> [What the exercise asks]
Would you find each line in the entries below with the string "Return" and copy it?

> [Task input]
*** Block opens ***
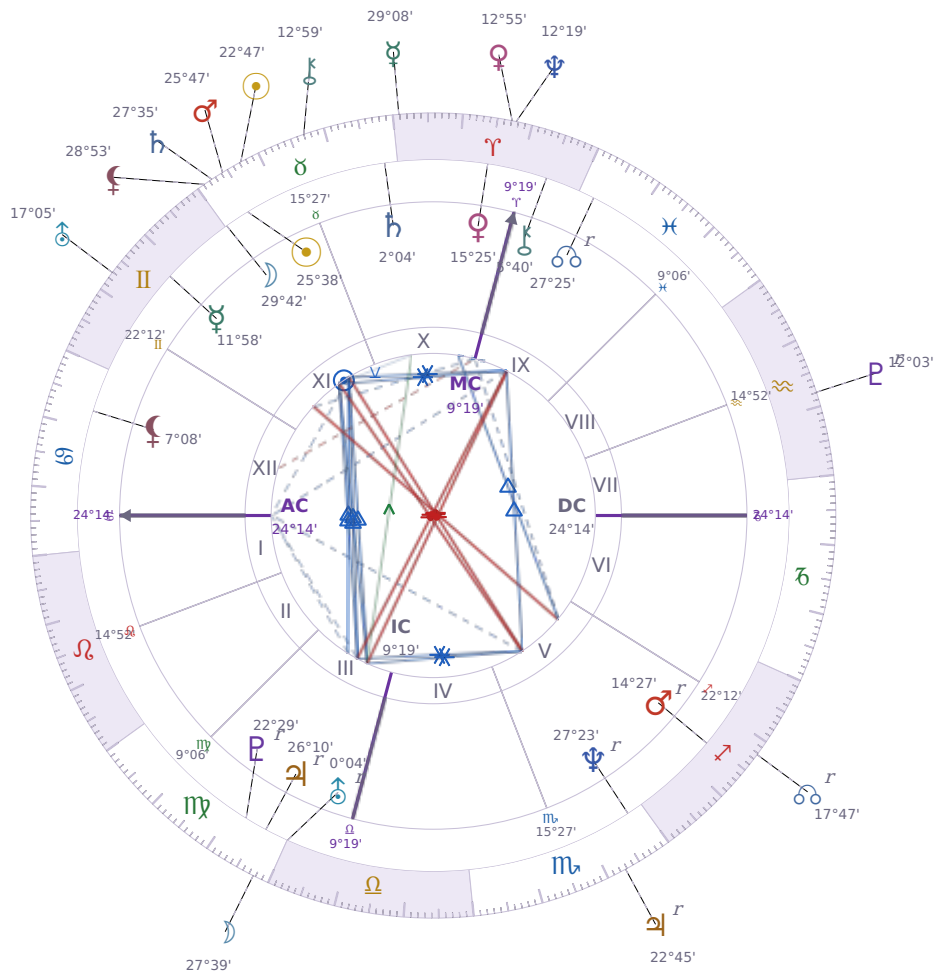

DAILY PERSONAL HOROSCOPE

Tucker Swanson McNear Carlson

American political commentator (born 1969)

♉ Taurus May 16, 1969 10:07 San Francisco

Monday, 13 May 2030

TRANSITS FOR TODAY

☉ Sun	in ♉ Taurus	22°47'12"
☾ Moon	in ♍ Virgo	27°39'45"
☿ Mercury	in ♉ Taurus	29°08'14"
♀ Venus	in ♉ Taurus	12°55'13"
♂ Mars	in ♉ Taurus	25°47'36"
♃ Jupiter	in ♏ Scorpio Rx	22°45'59"
♄ Saturn	in ♉ Taurus	27°35'51"

♅ Uranus	in ♊ Gemini	17°05'58"
♆ Neptune	in ♈ Aries	12°19'38"
♇ Pluto	in ♒ Aquarius Rx	12°03'38"
♁ Chiron	in ♉ Taurus	12°59'25"
♋ NNode	in ♐ Sagittarius Rx	17°47'30"
♁ Lilith	in ♉ Taurus	28°53'34"

NATAL PLANETS
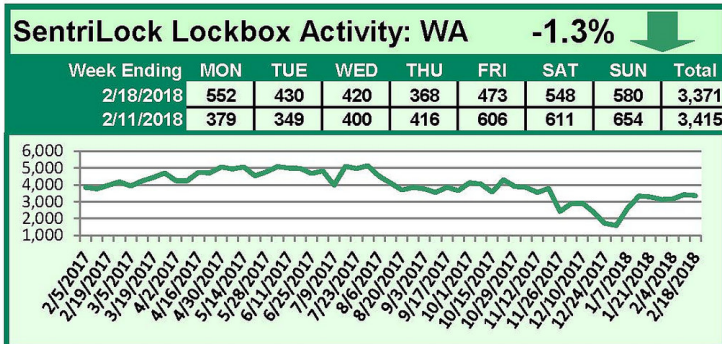

SentriLock Lockbox Activity February 12-18, 2018

This Week's Lockbox Activity

For the week of February 12-18, 2018, these charts show the number of times RMLS™ subscribers opened SentriLock lockboxes in Oregon and Washington. Activity increased in Oregon and decreased in Washington this week.
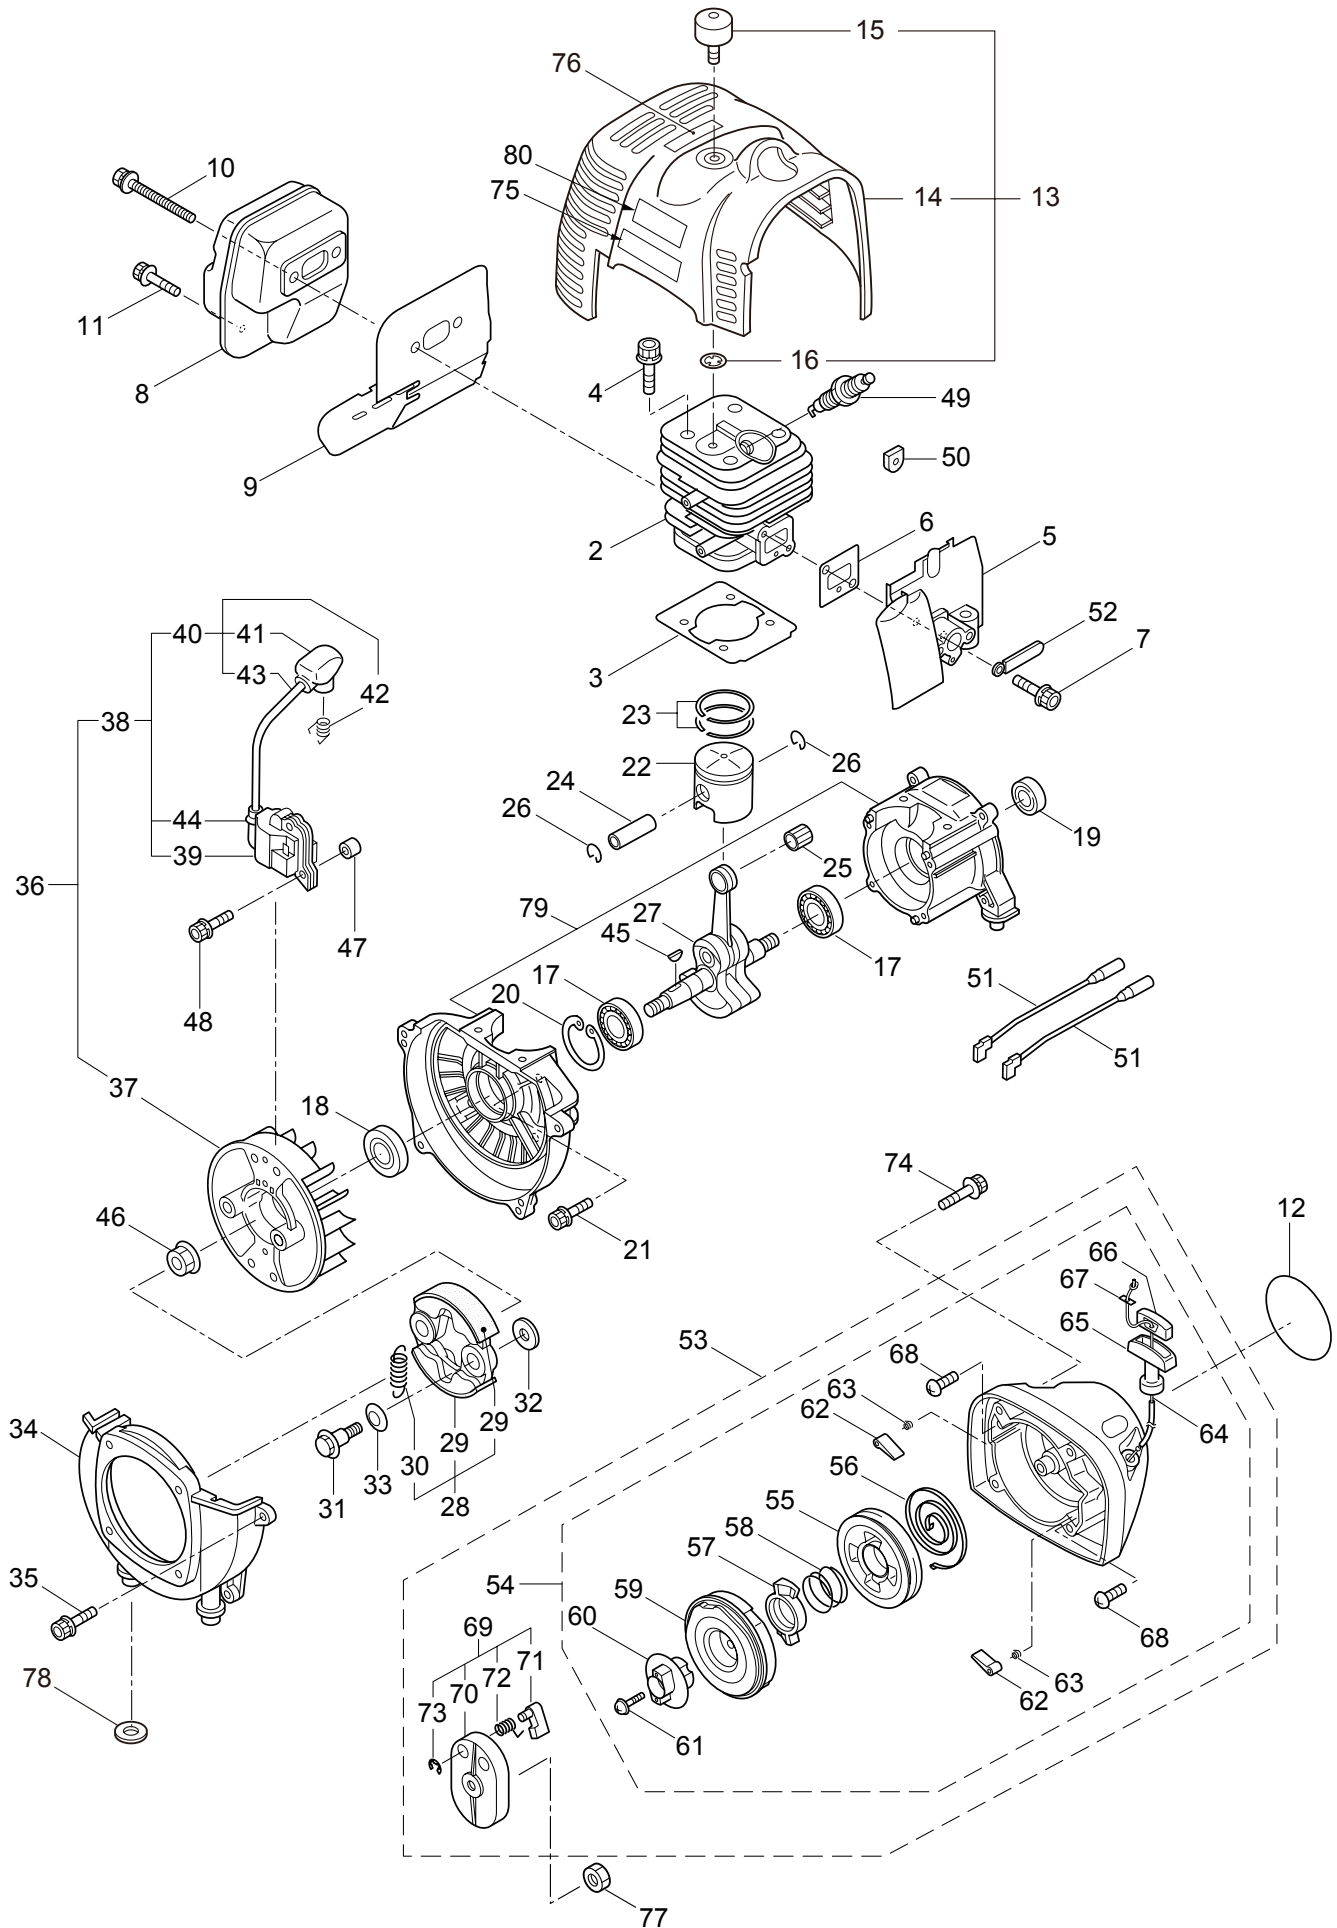

3. BC4320RS ENGINE

Ref. No.	Part No.	Part Name	Q'ty	Remarks
3-46	262731	Nut,Rotor	1	M10
3-47	280381	Spacer	2	
3-48	261256	Cap Screw	2	M4x25
3-49	262483	Spark Plug	1	NGK BPMR6Y
3-50	281172	Grommet	1	
3-51	269722	Lead	2	
3-52	264588	Clamp	1	
3-53	282294	Recoil Starter Ass'y	1	Incl.54-73
3-54	282295	Starter Ass'y	1	Incl.55-68
3-55	280994	Pulley	1	
3-56	280995	Spiral Spring	1	
3-57	280996	Pawl	1	
3-58	280997	Return Spring	1	
3-59	283123	Spring Comp.	1	
3-60	280999	Plate	1	
3-61	281000	Set Screw	1	
3-62	281001	Pawl	2	
3-63	281002	Return Spring	2	
3-64	281004	Starter Rope	1	
3-65	262633	Starter Grip	1	
3-66	262981	Cap	1	
3-67	281005	Rope Stopper	1	
3-68	282622	Screw	2	
3-69	282623	Starter Pulley Ass'y	1	Incl.70-73
3-70	282282	Starter Pulley	1	
3-71	262636	Pawl	2	
3-72	262637	Return Spring	2	
3-73	262638	E-Ring	2	
3-74	261607	Cap Screw	4	M5x16
3-75	262714	Label	1	MARUYAMA
3-76	267561	Label	1	
3-77	126990	Nut	1	M8
3-78	285735	Packing	4	
3-79	282277	Crankcase	1	
3-80	265694	Label	1
*** Block closes ***
> [Problem solution]
3-58	280997	Return Spring	1	
3-63	281002	Return Spring	2	
3-72	262637	Return Spring	2	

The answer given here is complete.